Monday, March 11, 2013

Moon Mining & Hickam's Crater



Last week the BBC featured the article "What if you could mine the Moon?:"
Space exploration has long been about reaching far off destinations but now there's a race to exploit new frontiers by mining their minerals. When Neil Armstrong first stepped on the Moon in 1969, it was part of a "flags and footprints" strategy to beat the Soviets, a triumph of imagination and innovation, not an attempt to extract precious metals. No-one knew there was water on that dusty, celestial body. What a difference a generation makes. Mysterious and beautiful, the Moon has been a source of awe and inspiration to mankind for millennia. Now it is the centre of a space race to mine rare minerals to fuel our future - smart phones, space-age solar panels and possibly even a future colony of Earthlings. What might be on the Moon?

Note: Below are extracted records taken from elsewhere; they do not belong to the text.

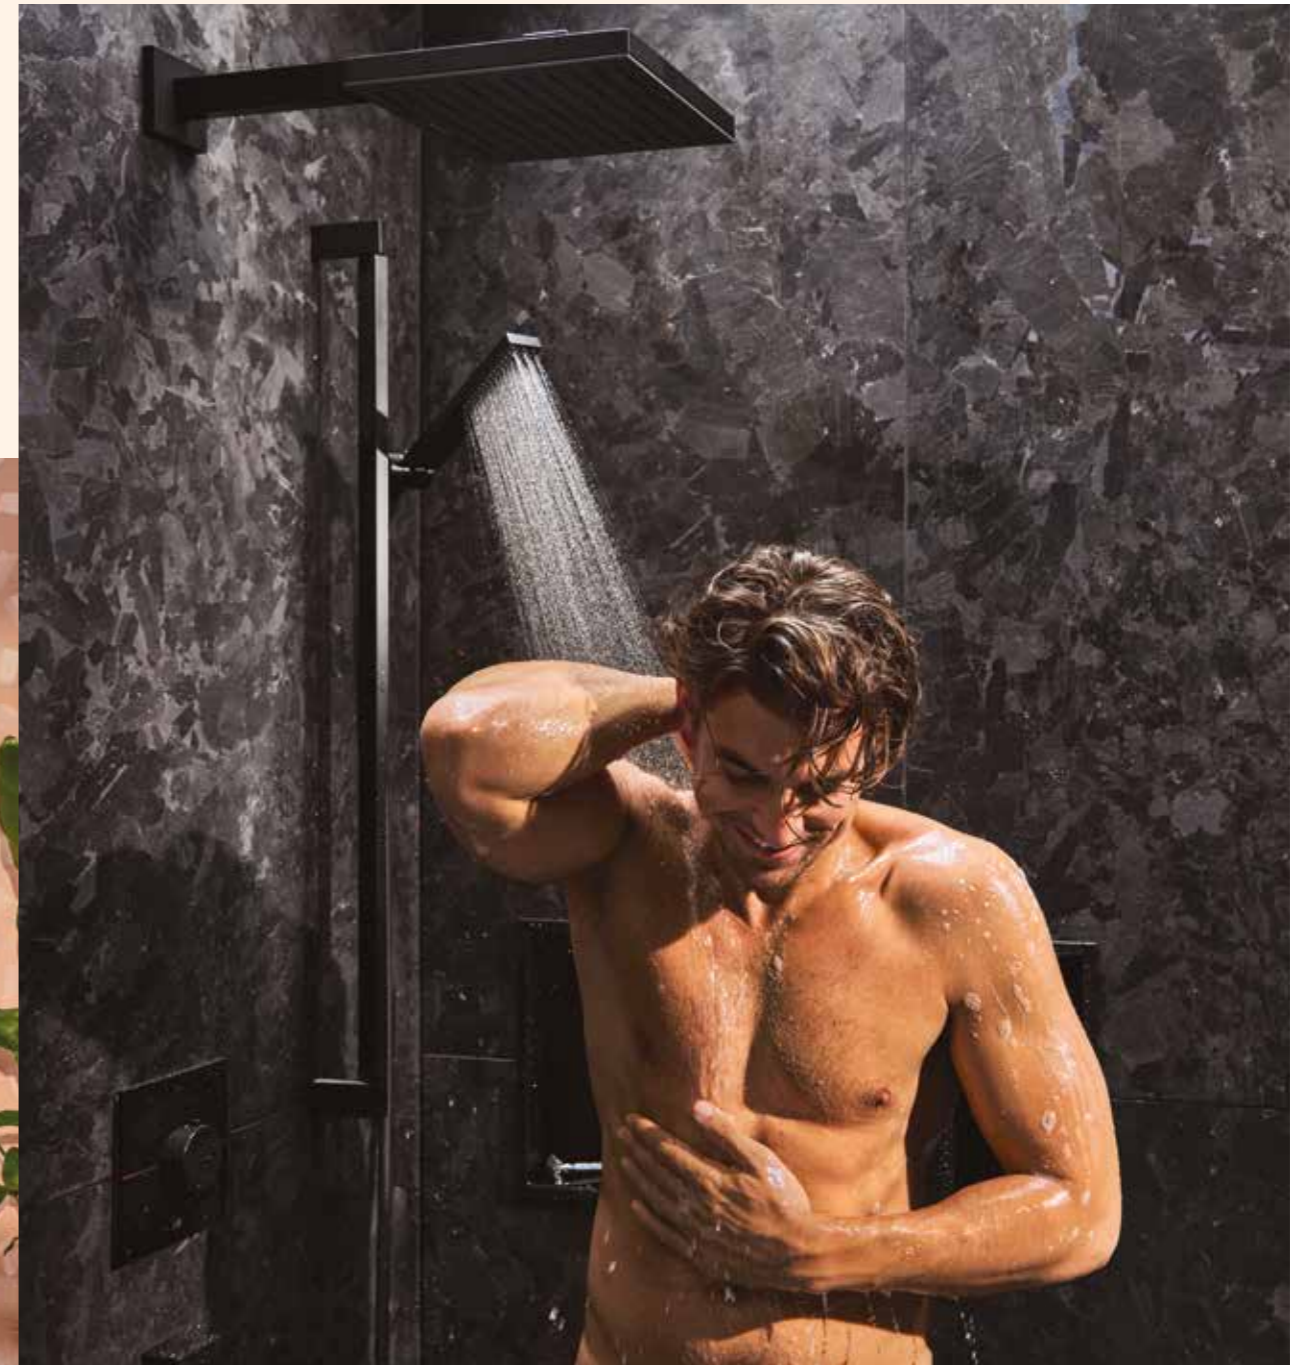

Experience beautiful moments WITH WATER

The meaning of home

We realise the importance of home providing a place of relaxation and retreat. As a company, we know we are providing something truly fundamental to our customers: a home filled with beauty and quality, a place of escape from the outside world.

Innovations to make you feel good

This year, we're introducing a range of exciting products that deliver on our guiding principles: innovation, design, quality and responsibility. We are able to offer solutions to your every need, by developing cutting-edge products that suit your lifestyle.

Designed with you in mind

hansgrohe is a brand for life. Whether you are looking for a moment of calm or refreshment, every product we make is designed to make your life easier. Designed by the award-winning Phoenix Design, our products are not one-off ideas but comprehensive solutions, designed to become integral to your everyday life. It's this that defines our brand: our focus on you.

Our name is your guarantee

Always creating the highest quality products defines our approach to modern design, manufacturing and performance. 'Made by Hansgrohe' is your assurance of quality, backed by our five-year guarantee for repair, replacement or refund if ever any of our products fail to fulfil those high expectations that attracted you to the Hansgrohe name.

5 YEAR PRODUCT GUARANTEE

All products carry a minimum 5 year manufacturing guarantee inc. parts and labour.

15 YEAR PARTS AVAILABILITY GUARANTEE

Spare parts held for 15 years after product discontinuation.

  • So-called rare-earth minerals, which are used in a range of technologies. Currently, they are refined almost exclusively in China 
  • Water frozen in the dark recesses of polar craters, which according to Nasa can be split into hydrogen for rocket fuel and oxygen for breathing 
  • Helium-3 (He-3), which apparently exists in abundance on the Moon. Some believe He-3 could be a future energy source 
  • Valuable titanium deposits 



  What could moon mining be like? To find out, try Homer Hickam's Crater:
It's the 22nd Century and a tough, pioneering people are mining the moon to produce energy... Crater Trueblood, an orphan, loves his life in Moontown, a frontier mining settlement. Just turned sixteen, Crater is already a seasoned Helium 3 miner, hoping someday to be a foreman on the scrapes. But "the Colonel," the man who owns the mine, has a different plan for Crater...[for him to] shepherd a convoy of Helium 3 trucks across a forbidding river of dust...
UPDATE: Now that I've gotten a little further into the book, I feel it's only fair to warn readers that the dialogue can be a bit cliched. But I think Hickam more than makes up for it with his creative descriptions of what a moon mining boom-town would be like.

UPDATE II:  there's a longer review of Crater over at the Moon and Back blog.